God blessed Noah and his sons, and said to them, “Be fruitful and multiply, and fill the earth. The fear and dread of you shall rest on every animal of the earth, and on every bird of the air, on everything that creeps on the ground, and on all the fish of the sea; into your hand they are delivered. Every moving thing that lives shall be food for you; and just as I gave you the green plants, I give you everything. Only, you shall not eat flesh with its life, that is, its blood.

Then God said to Noah and to his sons with him, “As for me, I am establishing my covenant with you and your descendants after you, and with every living creature that is with you, the birds, the domestic animals, and every animal of the earth with you, as many as came out of the ark. I establish my covenant with you, that never again shall all flesh be cut off by the waters of a flood, and never again shall there be a flood to destroy the earth.”



An old man was working in his garden, and a passer by began to admire it. ‘Isn’t it wonderful’, she said, ‘what God and you have achieved together’. ‘Ah,’ replied the old man, ‘but you should have seen the state of it when God had it to himself’.

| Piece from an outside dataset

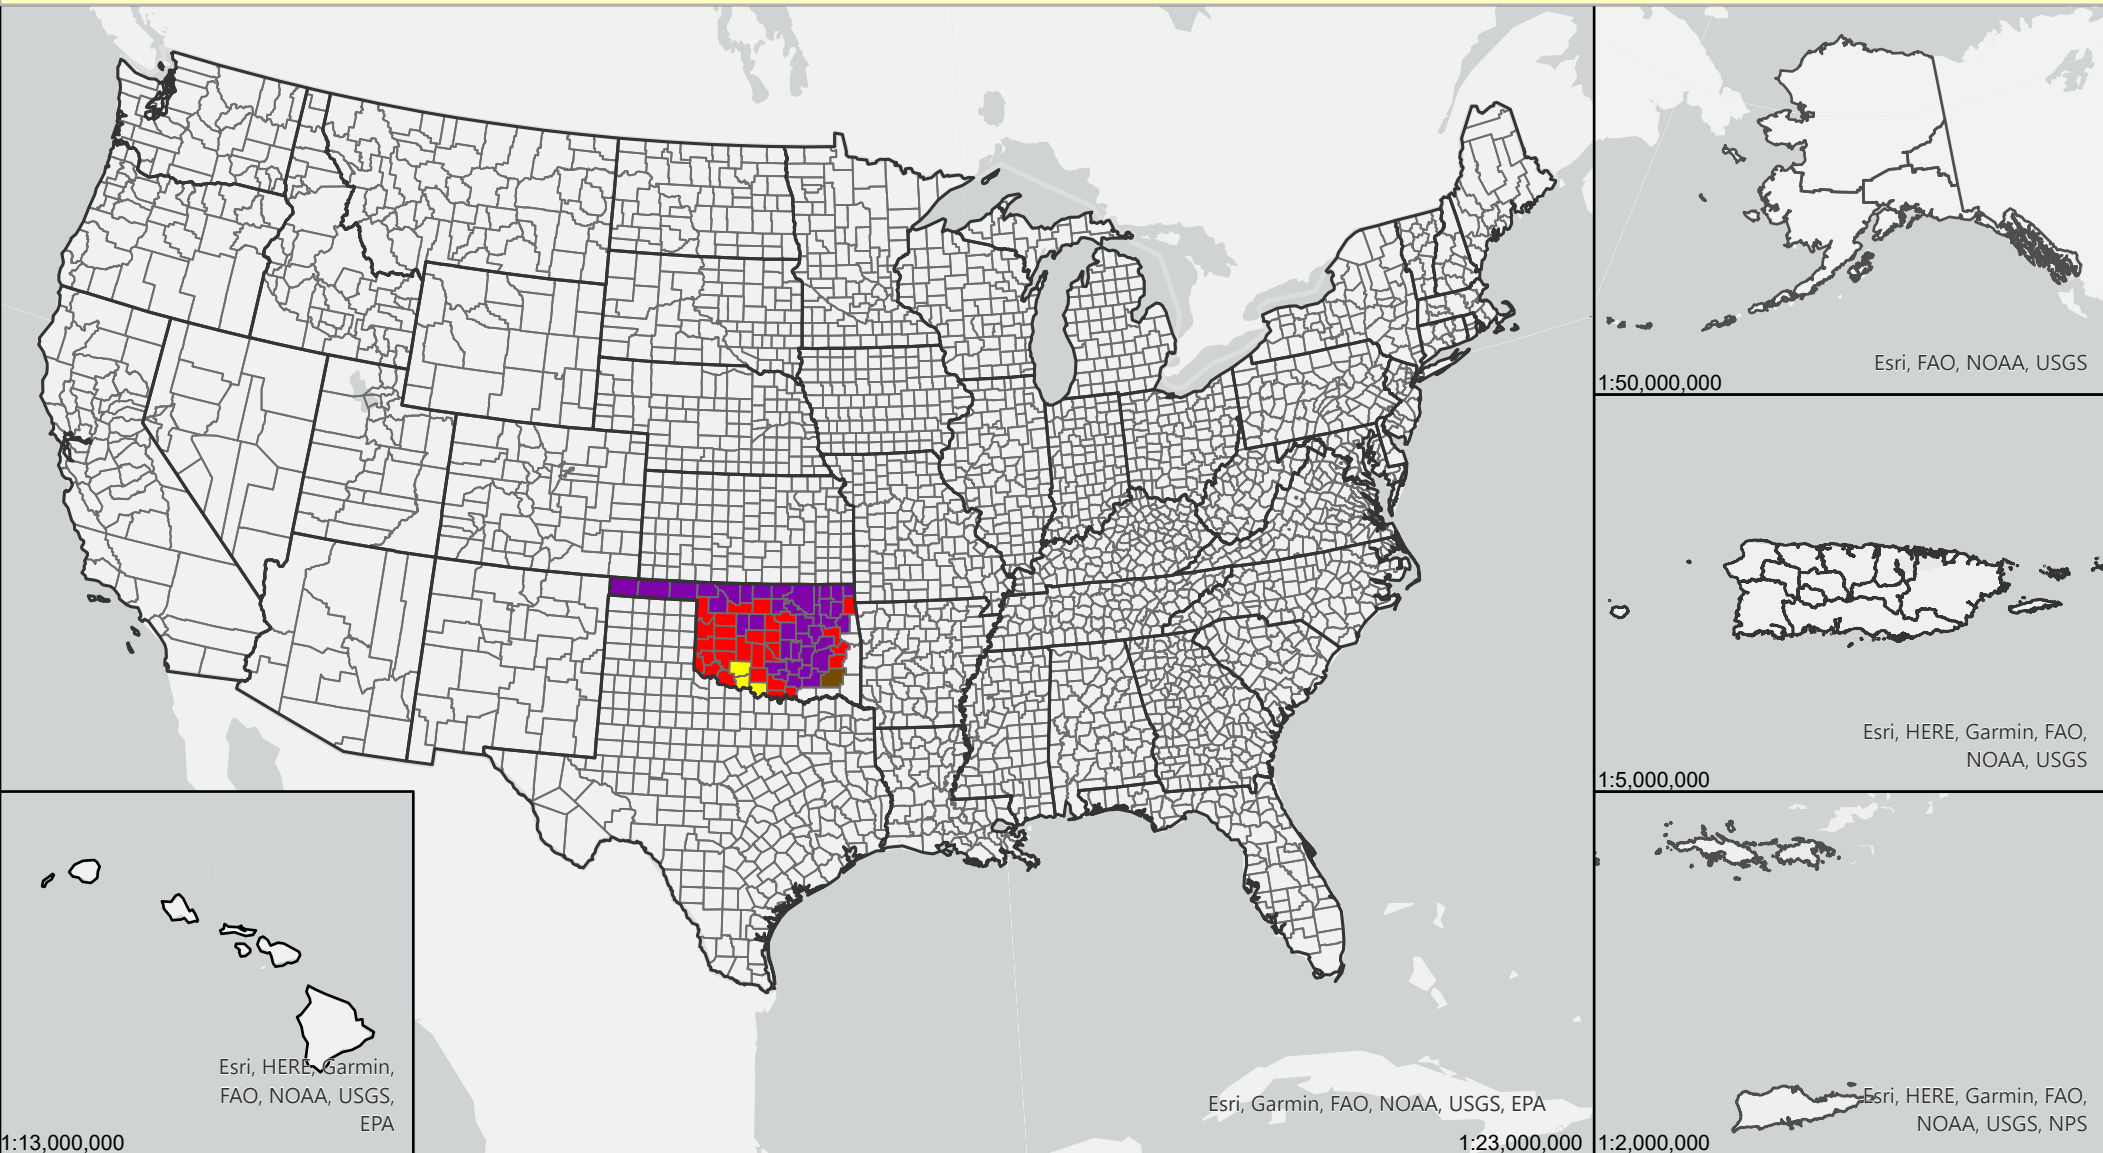

Livestock Forage Program Cool Season Improved - 2023 Program Year

Eligible County Payment Months

This is the second of our sermons on the environment, and the first based on Richard Bauckham’s book Bible and Ecology. The main thesis of the book, is that the concept of ‘stewardship‘ which Christians often use to talk about our responsibility for the environment, is too narrow and takes too little account of the wider Biblical picture. Instead , Bauckham proposes the concept of ‘the community of creation’, a phrase I’m sure will come up frequently as we study the book.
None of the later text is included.